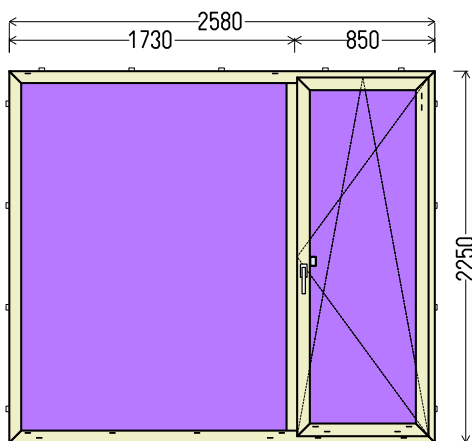

Vaizdas iš vidaus

BD1 (1vnt)

IŠ VISO APMOKĖJIMUI, EUR:

365

Papildomos sąlygos: _65676_7_BD4

1. Gaminių konstrukcija ir atidarymas - pagal užsakovo eskizus.
2. Profilių sistema: REHAU GENE0 MD (6 kam., 86mm storio), kampuotos stiklajuostės
3. Profilių spalva: antracitas Nr.4443 - balta
4. Stiklinimas: 6GNP-18Ar-4-18Ar-6GNP (Dvik. st. p. su dviem selekt. stiklais 52 mm) (PVC rėmelis Swisspacer pilkas RAL9023) / 4GNP-20Ar-4-20Ar-4GNP (Dvik. st. p. su dviem selekt. stiklais 52 mm) (PVC rėmelis Swisspacer pilkas RAL9023).
5. Užraktai: G-U (Vokietija) reguliuojami.
6. Skylės montavimui 6,5mm
7. Traukimo rankenėlė ruda.

☆ ☆ ☆ ☆ ☆ ☆ ☆

PROBLEM DETAILS: Copy out the lines above unchanged. Skip the images.

EXERCISE SOLUTION:
Vaizdas iš vidaus

BD1 (1vnt)

IŠ VISO APMOKĖJIMUI, EUR:

365

Papildomos sąlygos: _65676_7_BD4

1. Gaminių konstrukcija ir atidarymas - pagal užsakovo eskizus.
2. Profilių sistema: REHAU GENE0 MD (6 kam., 86mm storio), kampuotos stiklajuostės
3. Profilių spalva: antracitas Nr.4443 - balta
4. Stiklinimas: 6GNP-18Ar-4-18Ar-6GNP (Dvik. st. p. su dviem selekt. stiklais 52 mm) (PVC rėmelis Swisspacer pilkas RAL9023) / 4GNP-20Ar-4-20Ar-4GNP (Dvik. st. p. su dviem selekt. stiklais 52 mm) (PVC rėmelis Swisspacer pilkas RAL9023).
5. Užraktai: G-U (Vokietija) reguliuojami.
6. Skylės montavimui 6,5mm
7. Traukimo rankenėlė ruda.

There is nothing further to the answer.